DNA damage and heat shock dually regulate genes in Saccharomyces cerevisiae.

T McClanahan, K McEntee
PMCID: PMC367487  PMID: 3023840

Abstract

Two Saccharomyces cerevisiae genes isolated in a differential hybridization screening for DNA damage regulation (DDR genes) were also transcriptionally regulated by heat shock treatment. A 0.45-kilobase transcript homologous to the DDRA2 gene and a 1.25-kilobase transcript homologous to the DDR48 gene accumulated after exposure of cells to 4-nitroquinoline-1-oxide (NQO; 1 to 1.5 microgram/ml) or brief heat shock (20 min at 37 degrees C). The DDRA2 transcript, which was undetectable in untreated cells, was induced to high levels by these treatments, and the DDR48 transcript increased more than 10-fold as demonstrated by Northern hybridization analysis.

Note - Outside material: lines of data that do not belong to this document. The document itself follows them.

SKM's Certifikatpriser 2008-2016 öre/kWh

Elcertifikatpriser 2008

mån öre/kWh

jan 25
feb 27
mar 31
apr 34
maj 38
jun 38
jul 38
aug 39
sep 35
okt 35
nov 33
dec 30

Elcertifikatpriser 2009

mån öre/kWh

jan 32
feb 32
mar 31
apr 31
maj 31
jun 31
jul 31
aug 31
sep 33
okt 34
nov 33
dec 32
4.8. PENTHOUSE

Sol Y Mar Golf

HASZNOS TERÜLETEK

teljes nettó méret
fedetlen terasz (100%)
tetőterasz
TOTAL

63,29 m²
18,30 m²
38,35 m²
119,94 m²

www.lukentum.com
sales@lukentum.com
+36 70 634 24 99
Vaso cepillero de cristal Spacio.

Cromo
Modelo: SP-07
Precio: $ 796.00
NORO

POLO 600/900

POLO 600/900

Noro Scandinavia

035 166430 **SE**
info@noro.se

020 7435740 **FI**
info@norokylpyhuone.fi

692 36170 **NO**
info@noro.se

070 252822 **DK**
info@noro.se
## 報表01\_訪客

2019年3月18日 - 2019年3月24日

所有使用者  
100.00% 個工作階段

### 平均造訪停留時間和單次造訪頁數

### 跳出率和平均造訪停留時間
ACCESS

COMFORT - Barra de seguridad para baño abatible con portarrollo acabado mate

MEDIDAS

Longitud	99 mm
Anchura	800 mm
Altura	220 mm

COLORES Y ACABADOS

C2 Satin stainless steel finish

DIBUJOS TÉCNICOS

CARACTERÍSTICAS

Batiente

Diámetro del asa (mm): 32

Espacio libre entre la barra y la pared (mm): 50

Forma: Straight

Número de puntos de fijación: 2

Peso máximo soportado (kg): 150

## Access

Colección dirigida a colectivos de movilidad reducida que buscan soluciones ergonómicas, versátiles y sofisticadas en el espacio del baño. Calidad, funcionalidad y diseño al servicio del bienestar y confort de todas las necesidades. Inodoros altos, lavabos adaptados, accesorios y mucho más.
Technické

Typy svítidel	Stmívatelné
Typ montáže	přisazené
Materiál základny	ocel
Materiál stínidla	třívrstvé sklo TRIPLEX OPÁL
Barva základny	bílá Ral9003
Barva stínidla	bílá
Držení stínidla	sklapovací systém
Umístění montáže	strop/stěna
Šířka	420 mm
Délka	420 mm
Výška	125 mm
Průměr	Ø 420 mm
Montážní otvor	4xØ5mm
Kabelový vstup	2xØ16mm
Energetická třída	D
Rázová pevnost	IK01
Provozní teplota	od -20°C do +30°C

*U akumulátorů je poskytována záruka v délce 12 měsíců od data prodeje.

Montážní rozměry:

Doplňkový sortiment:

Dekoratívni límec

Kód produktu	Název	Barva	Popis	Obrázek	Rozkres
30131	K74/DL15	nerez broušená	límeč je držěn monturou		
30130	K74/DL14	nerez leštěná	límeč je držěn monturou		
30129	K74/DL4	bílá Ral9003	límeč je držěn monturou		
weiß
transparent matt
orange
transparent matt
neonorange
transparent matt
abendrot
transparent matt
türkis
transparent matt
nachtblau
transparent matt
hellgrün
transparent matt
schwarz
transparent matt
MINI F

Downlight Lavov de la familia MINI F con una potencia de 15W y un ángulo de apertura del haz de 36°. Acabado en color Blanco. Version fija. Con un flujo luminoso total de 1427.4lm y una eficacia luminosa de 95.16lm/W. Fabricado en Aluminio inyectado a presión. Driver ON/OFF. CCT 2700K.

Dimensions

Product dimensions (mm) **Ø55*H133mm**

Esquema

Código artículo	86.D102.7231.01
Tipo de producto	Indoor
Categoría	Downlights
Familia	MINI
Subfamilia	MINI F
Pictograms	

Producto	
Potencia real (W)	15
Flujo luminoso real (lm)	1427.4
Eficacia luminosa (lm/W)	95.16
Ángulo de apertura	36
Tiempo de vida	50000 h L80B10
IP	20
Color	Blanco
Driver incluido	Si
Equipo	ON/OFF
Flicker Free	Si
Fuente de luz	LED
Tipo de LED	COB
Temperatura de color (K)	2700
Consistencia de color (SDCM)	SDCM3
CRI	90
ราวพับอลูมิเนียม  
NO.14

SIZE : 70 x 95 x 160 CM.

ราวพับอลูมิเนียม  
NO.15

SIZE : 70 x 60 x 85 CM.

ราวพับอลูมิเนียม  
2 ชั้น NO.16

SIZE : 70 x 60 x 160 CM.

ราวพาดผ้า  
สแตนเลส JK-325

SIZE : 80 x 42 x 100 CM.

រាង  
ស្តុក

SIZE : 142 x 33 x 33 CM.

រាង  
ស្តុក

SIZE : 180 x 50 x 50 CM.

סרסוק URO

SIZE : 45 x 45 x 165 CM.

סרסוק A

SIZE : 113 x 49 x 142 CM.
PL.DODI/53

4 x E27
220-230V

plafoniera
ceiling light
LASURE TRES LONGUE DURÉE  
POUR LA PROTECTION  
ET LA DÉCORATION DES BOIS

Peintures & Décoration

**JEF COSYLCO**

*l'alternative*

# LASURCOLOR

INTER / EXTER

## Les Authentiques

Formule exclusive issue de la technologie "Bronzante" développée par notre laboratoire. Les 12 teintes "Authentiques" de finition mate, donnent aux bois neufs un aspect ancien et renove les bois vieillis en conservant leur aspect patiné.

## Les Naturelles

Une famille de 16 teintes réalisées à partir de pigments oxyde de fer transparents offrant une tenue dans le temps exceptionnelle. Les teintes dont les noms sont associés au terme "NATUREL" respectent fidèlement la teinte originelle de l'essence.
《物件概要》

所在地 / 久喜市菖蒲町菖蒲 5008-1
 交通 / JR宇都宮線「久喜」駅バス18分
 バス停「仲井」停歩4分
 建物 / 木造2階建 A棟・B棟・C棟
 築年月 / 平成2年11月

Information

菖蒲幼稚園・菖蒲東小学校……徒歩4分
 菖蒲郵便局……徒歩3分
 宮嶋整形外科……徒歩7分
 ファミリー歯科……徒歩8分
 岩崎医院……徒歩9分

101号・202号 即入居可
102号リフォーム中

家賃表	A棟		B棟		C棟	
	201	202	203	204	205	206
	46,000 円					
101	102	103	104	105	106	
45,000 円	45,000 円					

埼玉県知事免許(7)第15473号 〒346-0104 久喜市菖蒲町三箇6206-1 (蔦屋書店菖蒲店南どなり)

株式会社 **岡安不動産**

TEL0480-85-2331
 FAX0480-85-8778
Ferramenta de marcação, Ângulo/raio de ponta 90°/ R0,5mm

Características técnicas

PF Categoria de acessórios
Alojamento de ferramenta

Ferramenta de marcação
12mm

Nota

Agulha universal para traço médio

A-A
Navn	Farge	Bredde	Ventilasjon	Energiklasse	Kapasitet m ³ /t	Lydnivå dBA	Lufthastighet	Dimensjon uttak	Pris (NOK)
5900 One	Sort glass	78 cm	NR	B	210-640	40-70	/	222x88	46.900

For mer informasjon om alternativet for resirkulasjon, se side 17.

Two findings argue that dual regulation of stress-responsive genes is not common in S. cerevisiae. First, two members of the heat shock-inducible hsp70 family of S. cerevisiae, YG100 and YG102, were not induced by exposure to NQO. Second, at least one other DNA-damage-inducible gene, DIN1, was not regulated by heat shock treatment. We examined the structure of the induced RNA homologous to DDRA2 after heat shock and NQO treatments by S1 nuclease protection experiments. Our results demonstrated that the DDRA2 transcript initiates equally frequently at two sites separated by 5 base pairs. Both transcriptional start sites were utilized when cells were exposed to either NQO or heat shock treatment. These results indicate that DDRA2 and DDR48 are members of a unique dually regulated stress-responsive family of genes in S. cerevisiae.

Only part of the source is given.